Esophageal endoscopic ultrasound with fine-needle aspiration with an on-site cytopathologist : high accuracy for the diagnosis of mediastinal lymphadenopathyEsophageal endoscopic ultrasound with fine-needle aspiration with an on-site cytopathologist : high accuracy for the diagnosis of mediastinal lymphadenopathy
Faculty of Medicine and Health Sciences
2005Chicago, Ill., 2005
Chest. - Chicago, Ill.
128(2005):4, p. 3004-3009
Study objectives: To analyze the accuracy of esophageal endoscopic ultrasound (EUS) with real-time, guided fine-needle aspiration (EUS-FNA) with an on-site cytopathologist in patients with (presumed) lung cancer presenting with mediastinal lymphadenopathy (ML) or a suspect left adrenal gland (LAG). Design: A single-center prospective study. Patients: Sixty-seven outpatients with (presumed) lung cancer with ML or a suspect LAG on either CT and/or positron emission tomography with F-18-fluorodeoxyglucose (FDG-PET) scan. Interventions: All patients underwent EUS-FNA under conscious sedation. A cytopathologist was present during all procedures. Measurements: EUS with and without fine-needle aspiration (FNA) as compared to FDG-PET was evaluated for accuracy in diagnosing cancer, safety, and rate of avoidance for further surgery.
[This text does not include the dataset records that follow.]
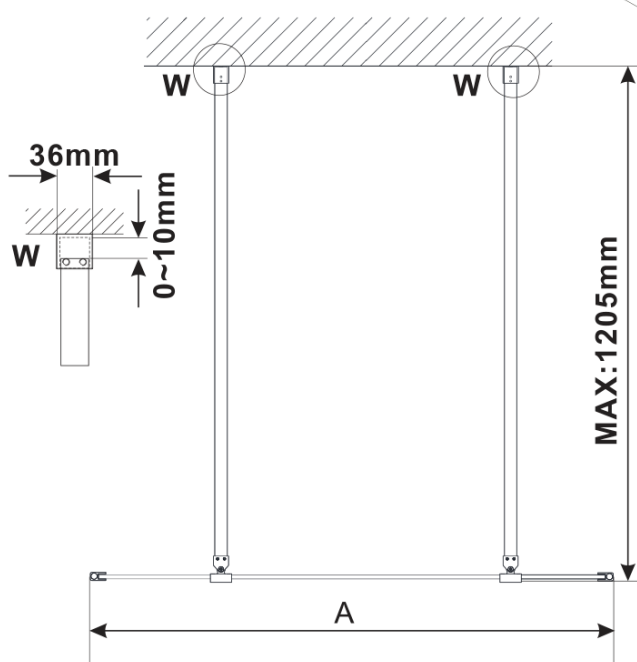

Objednací kód: ES1115

Základné informácie

Značka: Polysan

Séria: ESCA

Rozmery

Šírka: 1467 mm

Výška: 2100 mm

Vlastnosti

Typ výplne: Matné sklo

Úprava skla: Antidrop

Hrúbka skla: 8 mm

Hmotnosť / ks: 75.0 kg

Balenie: 1 ks

Záruka: 3 roky

Technický list

MODEL	A,mm
ES1070/ES1170/ES1270/ES1370/ES1570	690~705
ES1080/ES1180/ES1280/ES1380/ES1580	790~805
ES1090/ES1190/ES1290/ES1390/ES1590	890~905
ES1010/ES1110/ES1210/ES1310/ES1510	990~1005
ES1011/ES1111/ES1211/ES1311/ES1511	1090~1105
ES1012/ES1112/ES1212/ES1312/ES1512	1190~1205
ES1013/ES1113/ES1213/ES1313/ES1513	1290~1305
ES1014/ES1114/ES1214/ES1314/ES1514	1390~1405
ES1015/ES1115/ES1215/ES1315/ES1515	1490~1505

MODEL	A,mm
ES1070/ES1170/ES1270/ES1370/ES1570	699
ES1080/ES1180/ES1280/ES1380/ES1580	799
ES1090/ES1190/ES1290/ES1390/ES1590	899
ES1010/ES1110/ES1210/ES1310/ES1510	999
ES1011/ES1111/ES1211/ES1311/ES1511	1099
ES1012/ES1112/ES1212/ES1312/ES1512	1199
ES1013/ES1113/ES1213/ES1313/ES1513	1299
ES1014/ES1114/ES1214/ES1314/ES1514	1399
ES1015/ES1115/ES1215/ES1315/ES1515	1499

MODEL	A,mm
ES1070/ES1170/ES1270/ES1370/ES1570	690-705
ES1080/ES1180/ES1280/ES1380/ES1580	790-805
ES1090/ES1190/ES1290/ES1390/ES1590	890-905
ES1010/ES1110/ES1210/ES1310/ES1510	990-1005
ES1011/ES1111/ES1211/ES1311/ES1511	1090-1105
ES1012/ES1112/ES1212/ES1312/ES1512	1190-1205
ES1013/ES1113/ES1213/ES1313/ES1513	1290-1305
ES1014/ES1114/ES1214/ES1314/ES1514	1390-1405
ES1015/ES1115/ES1215/ES1315/ES1515	1490-1505

Results: Of 67 consecutive patients (56 men; median age, 64 years), malignant AIL or LAG were found in 47 patients (70.1%). In 20 patients (29.9%) without EUS-FNA proof of malignancy, confirmation was obtained by surgical procedure in 13 patients (sarcoidosis [n = 5], infection [n = 1], lung cancer [n = 7]) or by clinical follow-up in 5 patients suggesting benign disease. Sixty-five patients were included in the calculation of test characteristics. With malignancy as an end point, the accuracy for EUS-FNA was 100%. This was better than EUS without FNA (accuracy, 75.4%; p < 0.001) or FDG-PET (accuracy, 75.0% [n = 28]; p = 0.0011). When using final histopathologic diagnosis as an end point, the accuracy of EUS-FNA was 92.3%, since EUS-FNA was unable to show noncaseating granulomas in those patients with sarcoidosis diagnosed after mediastinoscopy. Related to the presence of the in situ cytopathologist, there were no inconclusive samples. No adverse events were recorded, and 67.7% of surgical interventions were avoided following EUS-FNA. Conclusions: The accuracy in this series of EUS-FNA with cytopathologist-assisted rapid on-site evaluation is high. The technique is safe and greatly reduces the number of surgical interventions.